From the listing below, copy only the lines running from the line that contains "Ground Floor" to the line that contains "(4.70m x 2.62m)", both included.

Records for this task >>

===============

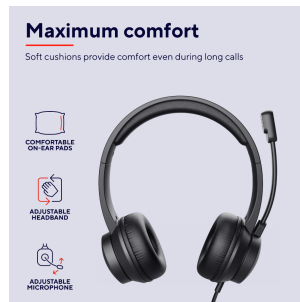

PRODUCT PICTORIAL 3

===============

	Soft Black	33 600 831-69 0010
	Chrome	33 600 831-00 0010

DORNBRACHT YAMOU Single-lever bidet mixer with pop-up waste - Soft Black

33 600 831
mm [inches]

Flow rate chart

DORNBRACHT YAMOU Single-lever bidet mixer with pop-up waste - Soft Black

===============

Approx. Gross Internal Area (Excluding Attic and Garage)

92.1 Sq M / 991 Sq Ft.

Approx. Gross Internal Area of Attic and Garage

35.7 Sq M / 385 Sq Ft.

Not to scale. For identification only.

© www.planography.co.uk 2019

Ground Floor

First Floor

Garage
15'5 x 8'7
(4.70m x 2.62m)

===============

Answer section >>
Ground Floor

First Floor

Garage
15'5 x 8'7
(4.70m x 2.62m)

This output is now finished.